SELECT per_name, start_time, 
COALESCE(MAX(x)
OVER (PARTITION BY per_name
ORDER BY start_time
ROWS BETWEEN 1 FOLLOWING AND 1 FOLLOWING), x2)
FROM
(
SELECT per_name, start_time, end_time,
CURRENT_DATE (FORMAT 'YYYY-MM-DD') (CHAR(10), UC) AS c_date,
CAST(c_date || ' ' || '23:59:59' AS TIMESTAMP(0)) AS c_time,
MAX(end_time)
OVER (PARTITION BY per_name
ORDER BY start_time,end_time
ROWS BETWEEN UNBOUNDED PRECEDING AND 1 PRECEDING) AS x,
MAX(COALESCE(end_time,c_time))
OVER (PARTITION BY per_name) AS x2
FROM hcclnc_ushare.O884450_table1
QUALIFY start_time > x OR x IS NULL
) AS dt

which gave me the following result:

per_name start_time end_time

Jacob Jones 2012-01-01 15:28:00 2012-01-01 21:04:00

Jacob Jones 2012-01-02 19:34:00 2012-01-02 22:50:00

Jacob Jones 2012-01-03 14:34:00 2012-01-13 11:35:00

Jacob Jones 2012-01-14 10:25:00 2012-06-28 23:59:59

Even though it doesn't give me null in the last end_time it gives me what I need. For some reason I can't simply use current_timestamp but the construct I am using for c_time seems to work fine.

-Kevin

Senior Apprentice

Re: Grouping Contiguous Data

Hi Kevin,

why do you think you can't use current_timestamp?

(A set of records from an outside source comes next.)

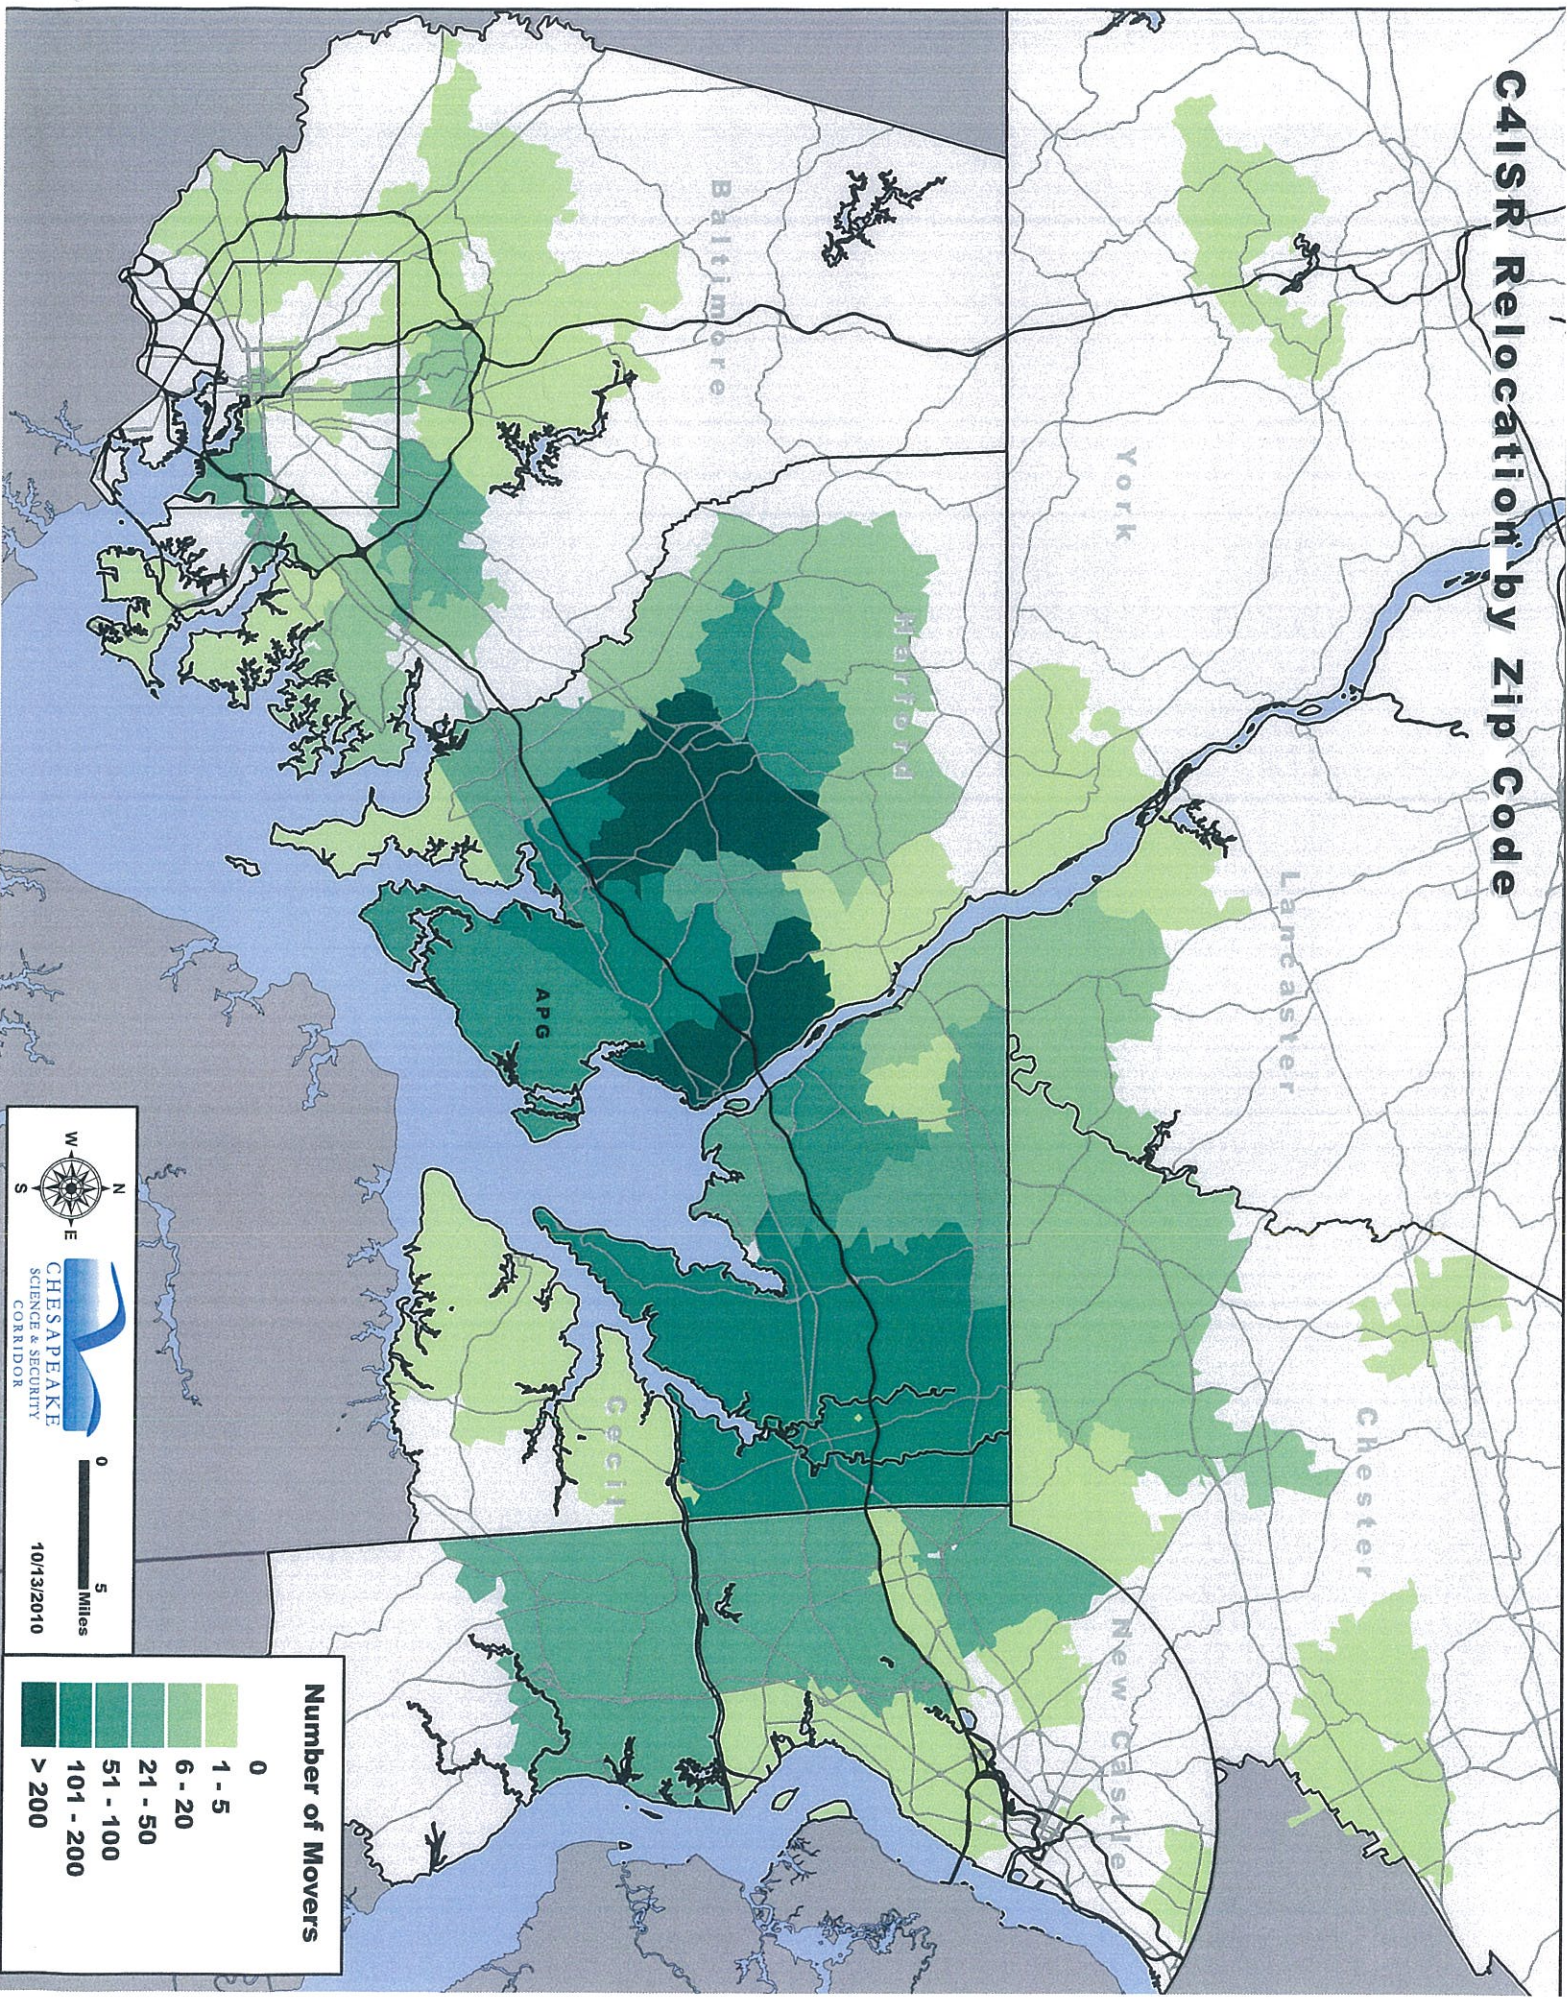

C4ISR Relocation by Zip Code

CHESAPEAKE
 SCIENCE & SECURITY
 CORRIDOR

10/13/2010

Number of Movers

C4ISR Relocation by Zip Code

<u>County</u>	<u>Residents</u>	<u>Percentage</u>
Harford County	1,449	60.2
Cecil County	439	18.2
New Castle County	163	6.7
Baltimore County	130	5.4
Baltimore City	61	2.5
Chester County	52	2.1
Lancaster County	18	0.7
York County	7	0.2
<hr/>		
Other Maryland	23	0.9
Other Delaware	2	0.08
Other Pennsylvania	27	1.1
Other Virginia	22	0.9
Other South Carolina	3	0.1

Notes: All early mover relocation data has been provided by Army Team C4ISR

1. 366 personnel (above and beyond the 2,405) are not accounted for in this data because of insufficient self reported personal information. Total number of positions transferred if all data had been reported is 2,771.
2. Data represents C4ISR positions filled at APG from August 01, 2008 through September 30, 2010.
3. 95 employees are using 21005 (Aberdeen Proving Ground); half are PO boxes on post and half are street addresses on post.

If it's because of the time zone or the fractional digits?

This will get the same datatype as your column:

CAST(CURRENT_TIMESTAMP(0) AS TIMESTAMP(0))

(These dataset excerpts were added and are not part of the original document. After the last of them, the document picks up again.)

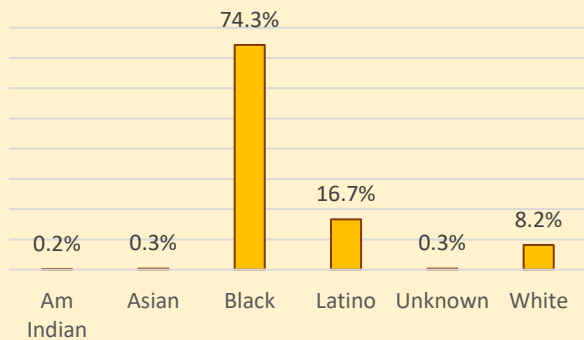

Sheriff's Daily Report

8/26/2022

Under the Custody of the Sheriff	
Total Male and Female	7,784
Jail Population	5,623
Community Corrections	2,161

Jail Population - Behind the Walls

Sheriff's Daily Report

8/26/2022

CCSO Population Demographics

In Confinement

Gender Distribution

Race Distribution

Age Distribution

Community Corrections

Gender Distribution

Race Distribution

Age Distribution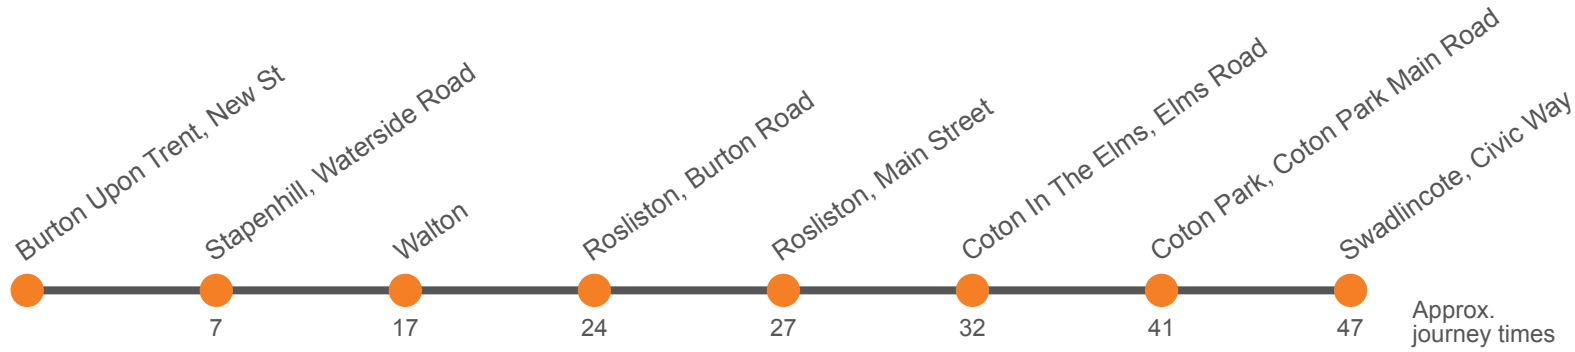

### Saturday

Codes	a				
Swadlincote, Bus Station, Stop 4	0710	0920	1120	1320	1720
Linton, Coton Park Corner	0716	0926	1126	1326	1726
Coton In The Elms, Church Street	0725	0935	1135	1335	1735
Roslington, School	0730	0940	1140	1340	1740
Rosliston, Forestry Centre		0943	1143	1343	1743
Walton-on-Trent, Shoulder Of Mutton	0735	0950	1150	1350	1750
Stapenhill, Ferry Street		0958	1158	1358	1758
Burton Upon Trent, New Street	0749	1008	1208	1408	1808

## Burton to Swadlincote via Walton

Effective from: 18/01/2021

Midland Classic

## Saturday

Burton Upon Trent, New Street	1015	1215	1415	1615	1815
Stapenhill, Severn Trent Pumping Station	1022	1222	1422	1622	1822
Walton-on-Trent, Shoulder Of Mutton	1032	1232	1432	1632	1832
Rosliston, Forestry Centre	1039	1239	1439	1639	
Rosliston, School	1042	1242	1442	1642	1838
Coton In The Elms, Church Street	1047	1247	1447	1647	1843
Coton Park, Recreation Ground	1056	1256	1456	1656	1852
Swadlincote, Bus Station, Stop 4	1102	1302	1502	1702	1858

And getting a NULL is just a NULLIF:

NULLIF(COALESCE(MAX(x)

           OVER (PARTITION BY per_name

                 ORDER BY start_time

                 ROWS BETWEEN 1 FOLLOWING AND 1 FOLLOWING), x2), CURRENT_TIMESTAMP(0))

If your data is guaranteed to always have a NULL in the last row it would be much easier.

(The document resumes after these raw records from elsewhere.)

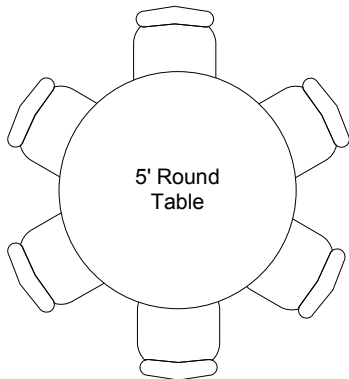

Other Set Up Equipment Available

Scale - 1/4" = 1'

Mt. Laurel Meeting Room

18½' X 28' with 8' ceiling

Round Table Style Seating for 18

65" Smart TV with VCR/DVD player & cords for laptop connection
6' Marker Board

6' Screen Hung From Ceiling

Podium

5' Round Table

5' Round Table

5' Round Table

Coat Rack

Bulletin strips side & front walls

Portable PA System Available
CD/Tape Player/Recorder Available
Maximum of 4 mikes / inputs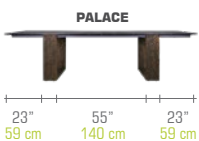

Assembly Options

* Dining Table simulation using BOND Dining Chair | AIKO Bench 86.5" / 220 cm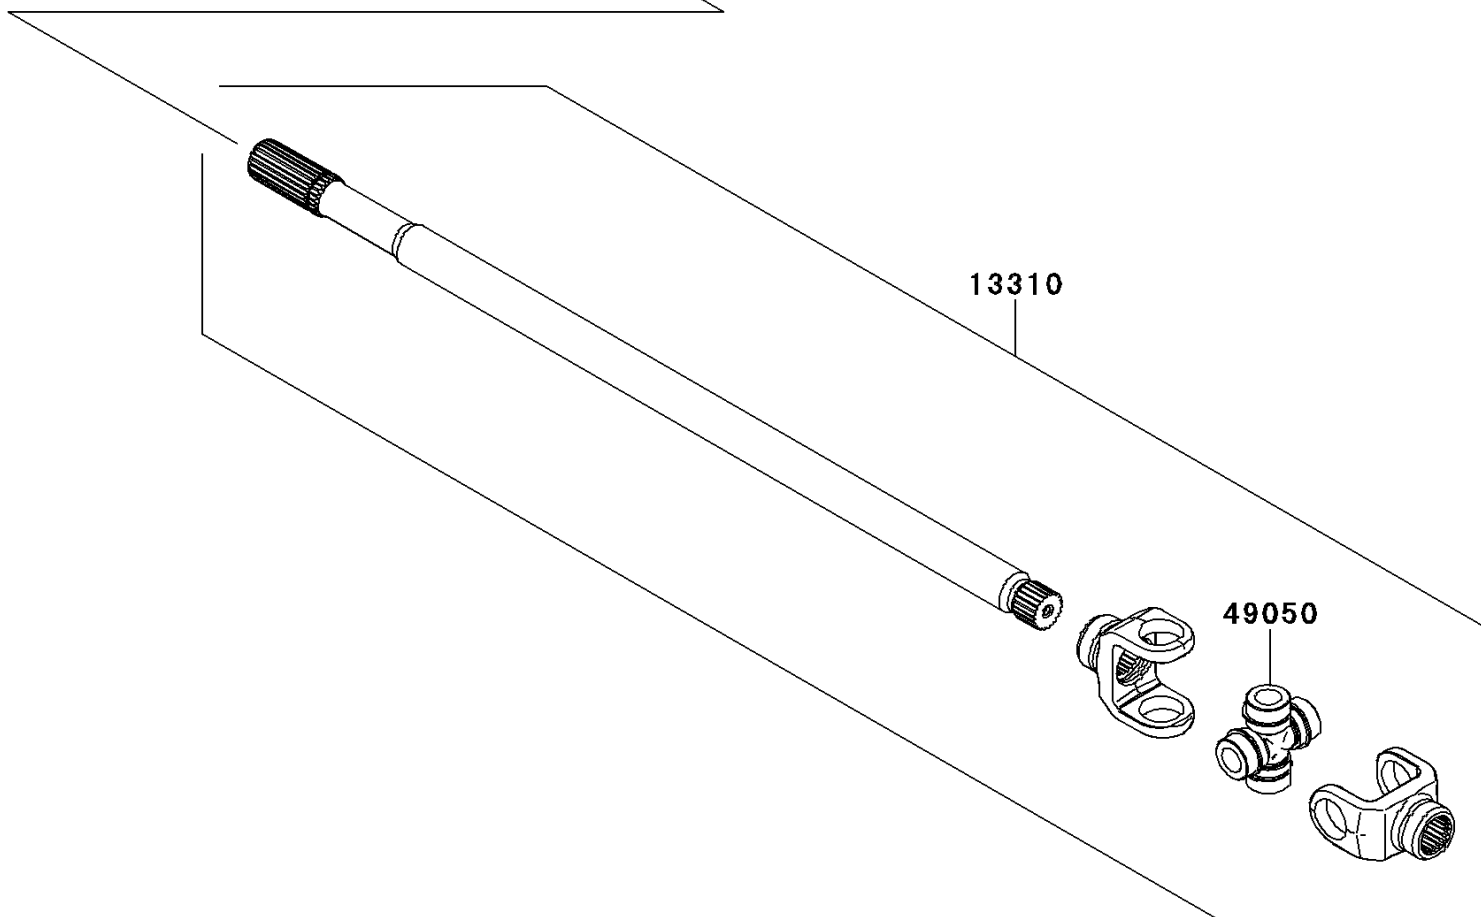

## PARTS DIAGRAM

### Drive Shaft-Propeller

E3135

Ref. Drive Shaft-Front

## PARTS LIST

### Drive Shaft-Propeller

**ITEM NAME**

**PART NUMBER**

**QUANTITY**

---

No need to calculate x2 and no NULLIF/COALESCE, it's just a plain:

MAX(x)

           OVER (PARTITION BY per_name

                 ORDER BY start_time

                 ROWS BETWEEN 1 FOLLOWING AND 1 FOLLOWING)

Dieter

Enthusiast

Re: Grouping Contiguous Data

Hi,

Could anyone let me know what is the meaning of this error I am getting while trying to run the TD_NORMALIZE_OVERLAP_MEET

Cannot determine the best-fit function for ''TD_NORMALIZE_OVERLAP_MEET''

I have used the same syntax given by Dieter here

http://forums.teradata.com/forum/general/need-help- merging-consecutive-a...

but still its not working.

Thanks

Manik

Enthusiast

Re: Grouping Contiguous Data

Why I can't use TD_SYSFNLIB.TD_NORMALIZE_OVERLAP_MEET?And I also not fund TD_SYSFNLIB(user or database?).My database version is 13.Thks for anyone who answer me.